• **YOUR ASSIGNMENT**: Below are lines of data, and only some are wanted. Please repeat exactly those from the line that has "- skládací – snadné a rychlé složení" through the line that has "od pondělí 25. července".

------------------------------

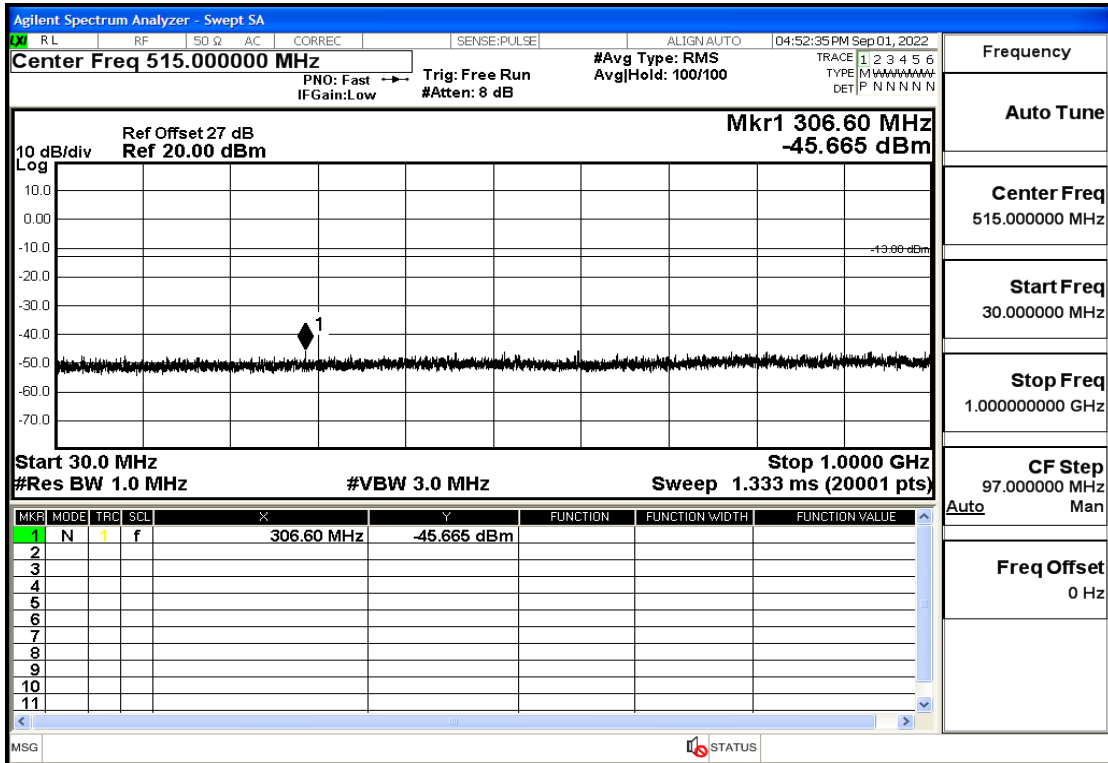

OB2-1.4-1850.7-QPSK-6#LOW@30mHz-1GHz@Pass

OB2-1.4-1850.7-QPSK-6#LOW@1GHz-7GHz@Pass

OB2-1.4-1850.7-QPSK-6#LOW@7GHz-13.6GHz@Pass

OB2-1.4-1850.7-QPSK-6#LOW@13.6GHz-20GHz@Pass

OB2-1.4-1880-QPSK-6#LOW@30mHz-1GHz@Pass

------------------------------

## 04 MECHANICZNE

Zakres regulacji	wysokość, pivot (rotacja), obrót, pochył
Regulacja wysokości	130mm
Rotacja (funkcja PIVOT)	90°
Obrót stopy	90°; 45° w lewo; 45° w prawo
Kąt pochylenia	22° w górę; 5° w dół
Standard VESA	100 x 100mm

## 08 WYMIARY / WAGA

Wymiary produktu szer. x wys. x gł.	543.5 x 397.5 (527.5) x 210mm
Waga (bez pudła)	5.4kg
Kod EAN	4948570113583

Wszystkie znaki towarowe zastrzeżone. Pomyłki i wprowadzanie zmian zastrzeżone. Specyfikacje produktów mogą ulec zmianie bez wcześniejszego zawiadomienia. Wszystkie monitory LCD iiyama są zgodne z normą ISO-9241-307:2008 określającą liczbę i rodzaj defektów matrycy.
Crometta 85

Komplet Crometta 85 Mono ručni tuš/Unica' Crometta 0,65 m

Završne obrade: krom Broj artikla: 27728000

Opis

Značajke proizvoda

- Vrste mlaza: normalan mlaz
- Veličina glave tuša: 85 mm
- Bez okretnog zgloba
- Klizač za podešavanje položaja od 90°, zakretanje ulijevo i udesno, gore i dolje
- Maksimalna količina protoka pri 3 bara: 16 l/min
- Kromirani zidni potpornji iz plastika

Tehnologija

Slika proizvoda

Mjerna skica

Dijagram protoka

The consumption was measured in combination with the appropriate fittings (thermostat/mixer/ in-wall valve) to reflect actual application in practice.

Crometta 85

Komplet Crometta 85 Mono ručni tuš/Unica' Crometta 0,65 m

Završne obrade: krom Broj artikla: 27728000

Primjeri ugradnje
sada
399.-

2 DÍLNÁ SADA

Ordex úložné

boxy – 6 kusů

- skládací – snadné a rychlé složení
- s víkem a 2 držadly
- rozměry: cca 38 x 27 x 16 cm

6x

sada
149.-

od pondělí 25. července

------------------------------

• **ANSWER SECTION**:
- skládací – snadné a rychlé složení
- s víkem a 2 držadly
- rozměry: cca 38 x 27 x 16 cm

6x

sada
149.-

od pondělí 25. července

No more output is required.